> _Task statement_
In the records below, print each line exactly and leave every image out.

> _Data supplied_
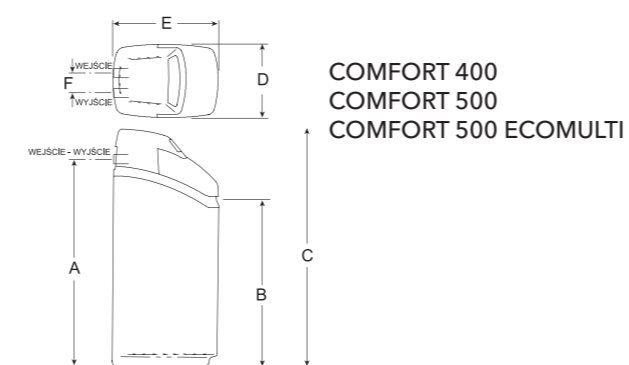

Dane Techniczne

Dane techniczne	COMFORT 300	COMFORT 400	COMFORT 500	COMFORT 500 ECOMULTI*
Objętość złoża	14,2 l	17,5 l	24,9 l	25 l
Maksymalna pojemność jonowymienna	58 m ³ x °dH	82 m ³ x °dH	101 m ³ x °dH	100 m ³ x °dH
Zużycie soli na regenerację	0,7 - 3,8 kg	0,9 - 4,5 kg	1,2 - 3,8 kg	2,0 - 4,0 kg
Zużycie wody na regenerację wyrażone w % liczbie wody zmiękzonej między regeneracjami przy wykorzystaniu całkowitej pojemności jonowymiennnej i zmiękczaniu wody o twardości 17°dH do zera	2%	2%	3%	4%
Maksymalne natężenie przepływu	1,4 m ³ /h	1,8 m ³ /h	2,2 m ³ /h	1,2 m ³ /h
Spadek ciśnienia przy maksymalnym natężeniu przepływu	0,68 bar	0,83 bar	0,97 bar	1,0 bar
Ciśnienie robocze	1,4 - 8,6 bar			
Temperatura wody	4 - 49 °C			

* Filtr multifunkcyjny dla użytkowników korzystających z wody z własnego ujęcia, o ponadnormatywnych ilościach żelaza i manganu.

Wymiary	A	B	C	D	E	F
COMFORT 300	70 cm	58,4 cm	83,8 cm	32,4 cm	43,2 cm	8,6 cm
COMFORT 400	96,5 cm	83 cm	114 cm	35,5 cm	51 cm	8,6 cm
COMFORT 500 / COMFORT 500 ECOMULTI	96,5 cm	83 cm	114 cm	35,5 cm	51 cm	8,6 cm

> _Response to this task_
Dane Techniczne

Dane techniczne	COMFORT 300	COMFORT 400	COMFORT 500	COMFORT 500 ECOMULTI*
Objętość złoża	14,2 l	17,5 l	24,9 l	25 l
Maksymalna pojemność jonowymienna	58 m ³ x °dH	82 m ³ x °dH	101 m ³ x °dH	100 m ³ x °dH
Zużycie soli na regenerację	0,7 - 3,8 kg	0,9 - 4,5 kg	1,2 - 3,8 kg	2,0 - 4,0 kg
Zużycie wody na regenerację wyrażone w % liczbie wody zmiękzonej między regeneracjami przy wykorzystaniu całkowitej pojemności jonowymiennnej i zmiękczaniu wody o twardości 17°dH do zera	2%	2%	3%	4%
Maksymalne natężenie przepływu	1,4 m ³ /h	1,8 m ³ /h	2,2 m ³ /h	1,2 m ³ /h
Spadek ciśnienia przy maksymalnym natężeniu przepływu	0,68 bar	0,83 bar	0,97 bar	1,0 bar
Ciśnienie robocze	1,4 - 8,6 bar			
Temperatura wody	4 - 49 °C			

* Filtr multifunkcyjny dla użytkowników korzystających z wody z własnego ujęcia, o ponadnormatywnych ilościach żelaza i manganu.

Wymiary	A	B	C	D	E	F
COMFORT 300	70 cm	58,4 cm	83,8 cm	32,4 cm	43,2 cm	8,6 cm
COMFORT 400	96,5 cm	83 cm	114 cm	35,5 cm	51 cm	8,6 cm
COMFORT 500 / COMFORT 500 ECOMULTI	96,5 cm	83 cm	114 cm	35,5 cm	51 cm	8,6 cm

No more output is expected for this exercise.